В начале июля в Петергоф приехали мои родители, так как мой отец должен был представляться государю. С ними были отменно любезны, даже предоставили им отдельное помещение во Фрейлинском доме, что было верхом внимания. Мой отец произвел, по-видимому, весьма положительное впечатление на государя, так как в декабре этого же года он был назначен членом Государственного Совета. Это назначение, считавшееся очень высоким, явилось для отца полной неожиданностью. Он никогда не добивался повышения по службе и всегда держался в стороне, что составило ему репутацию гордого. Девочки были от него в восторге, и он много рассказывал им про моё детство. Сам же он пленился трёхлетним наследником, который был действительно очаровательным ребенком.
В конце июля происходили маневры в окрестностях Красного Села и Ропши, и на это время двор переселился в Ропшу. Дворец здесь был небольшой и довольно примитивно устроенный, но детям это нравилось. Парк примыкал к полю, куда мы ходили гулять. Недалеко было село, в церкви был деревенский хор из школьников, что приятно напоминало мне Мураново. Кроме того, здесь не было «ботаников» – так назывались на придворном языке чины охраны, одетые в штатское платье и изводившие нас своим присутствием в Петергофе. При приближении кого-нибудь из нас, они делали вид, что интересуются чем-то в траве, вследствие чего и получили это прозвище. Девочки говорили: «Здесь никто за нами не следит».

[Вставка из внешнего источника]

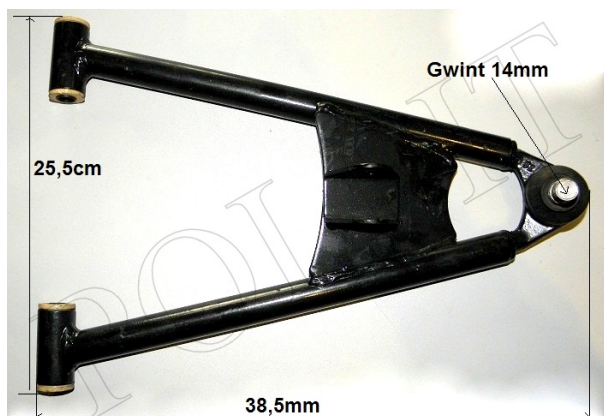

## Wahacz przód dolny ATV 150

**Cena : 66,00 zł**

Nr katalogowy : **M149**

Stan magazynowy : **brak w magazynie**

Średnia ocena : **brak recenzji**

Wahacz przód dolny ATV 150

Średnica otworu tuleji 10mm

Watermark
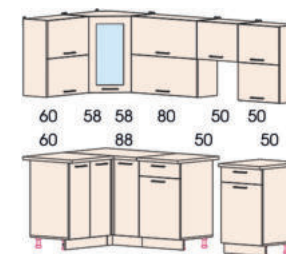

Гloss 50-12x24
Gloss 50-12x24

Как-то за завтраком я сидела рядом с великим князем Николаем Николаевичем, будущим Верховным главнокомандующим на германской войне. Он знал мою тетку, камер-фрейлину Дарью Федоровну Тютчеву, много лет находившуюся при дворе, поэтому я не была для него вполне чужим человеком. Он обратился ко мне с вопросом, каковы мои планы относительно воспитания детей. Когда я изложила ему свои мысли и намерения, он заметил: «Хорошо, если вам удастся осуществить хоть одну десятую часть из того, что вы наметили. Я знаю императрицу».